Extracted records
++++

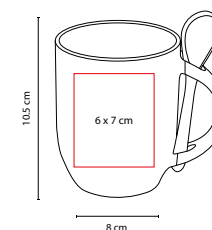

TAZ 037

TAZA PARA SUBLIMAR **MARGAO**

MATERIAL: Cerámica

MEDIDA: 8 x 10.5 cm

ÁREA DE IMPRESIÓN: 6 x 7 cm

TÉCNICA DE IMPRESIÓN: Sublimación / Termocalca

CAPACIDAD: 11 Oz

COLORES: A/N/R

A

R

N

Taza para sublimar. Venta caja cerrada de 36 piezas.
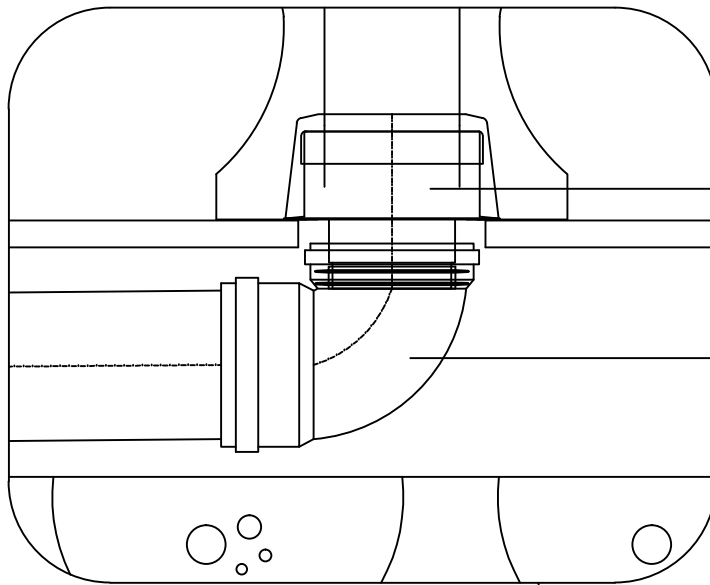

# Asennusesimerkki 18

Uponor WC-mansetti  
nro 1051351

Uponor WC-muhvikulma 110-88,5°  
nro 1051266

Suojarakenne ääni- ja palo-  
teknisten vaatimusten mukaan  
ks. taulukot

170  
370

Uponor haarayhde  
110/75-45°  
nro 1053729
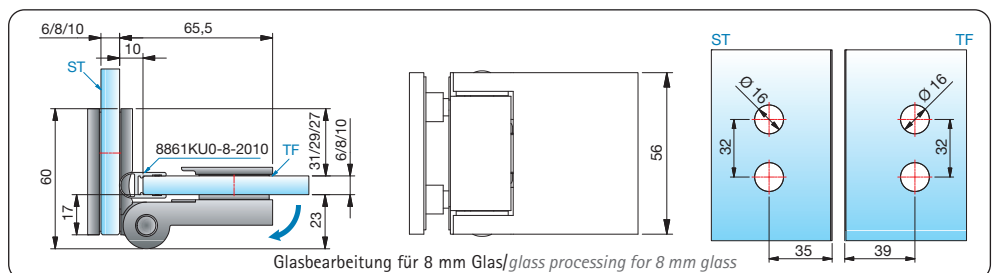

*Advantages which convince you and your customers:*

- *automatic closing in the final centimetres*
- *continuous sealing profile in the hinge area on the fitting-side*
- *zero point setting (fixed latching function at 0°)*
- *very flat counterplates*
- *long-hole adjustment in the wall mount*
- *glass thickness: 6, 8 and 10 mm.*
- *load-bearing capacity (2 hinges): 36 kg*  
*36 kg corresponds to a maximum panel size leaf of 900 x 2000 mm with a glass thickness of 8 mm*
- *when used as a folding partition with "glass/glass 180° outward-opening" and "glass/wall 90° inward-opening" fittings, these automatically align themselves near the zero position*

Artikel-Nr. article-no.	Oberflächen finishes	Glasdicke glass thickness	Artikelbezeichnung article name	Merkmale features	VE/Stück pu/pieces
8150	ZN5 ZN1 ZNPVD22	6/8/10 mm	Duschtürband, Glas-Wand, 90°/ shower door hinge, glass-wall, 90°	einseitig 90° nach innen hin öffnend, mit einseitiger Lasche/one-side opening inwards 90°, with single-sided strap	1/2

Artikel-Nr. article-no.	Oberflächen finishes	Glasdicke glass thickness	Artikelbezeichnung article name	Merkmale features	VE/Stück pu/pieces
8152	ZN5 ZN1 ZNPVD22	6/8/10 mm	Duschtürband, Glas-Wand, 90°/ shower door hinge, glass-wall, 90°	einseitig 90° nach außen hin öffnend, mit einseitiger Lasche/one-side opening outwards 90°, with single-sided strap	1/2

Artikel-Nr. article-no.	Oberflächen finishes	Glasdicke glass thickness	Artikelbezeichnung article name	Merkmale features	VE/Stück pu/pieces
8154	ZN5 ZN1 ZNPVD22	6/8/10 mm	Duschtürband, Glas-Wand, 90°/ shower door hinge, glass-wall, 90°	einseitig 90° nach außen hin öffnend, mit beidseitiger Lasche/one-side opening outwards 90°, with double-sided strap	1/2
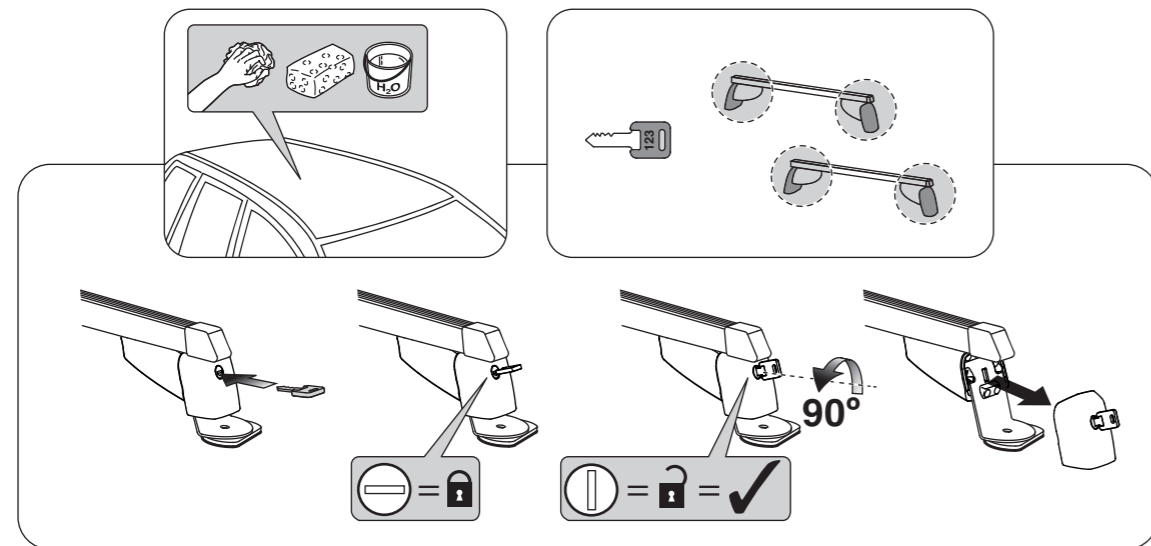

Atera SIGNO

Renault Kangoo
Nissan Townstar
Mercedes Benz Citan

07/2021 -
01/2022 -
09/2021 -
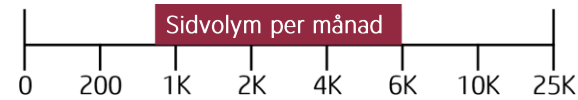

HPs lägsta driftkostnader för utskrift¹

Professionell dokumentkvalitet

Avancerade säkerhets- och administrationsfunktioner

HPs snabbaste utskriftsteknik

++++

→ Work instruction
Your answer should consist of every line from the entries that holds "öffnend".

→ Written response
8150	ZN5 ZN1 ZNPVD22	6/8/10 mm	Duschtürband, Glas-Wand, 90°/ shower door hinge, glass-wall, 90°	einseitig 90° nach innen hin öffnend, mit einseitiger Lasche/one-side opening inwards 90°, with single-sided strap	1/2
8152	ZN5 ZN1 ZNPVD22	6/8/10 mm	Duschtürband, Glas-Wand, 90°/ shower door hinge, glass-wall, 90°	einseitig 90° nach außen hin öffnend, mit einseitiger Lasche/one-side opening outwards 90°, with single-sided strap	1/2
8154	ZN5 ZN1 ZNPVD22	6/8/10 mm	Duschtürband, Glas-Wand, 90°/ shower door hinge, glass-wall, 90°	einseitig 90° nach außen hin öffnend, mit beidseitiger Lasche/one-side opening outwards 90°, with double-sided strap	1/2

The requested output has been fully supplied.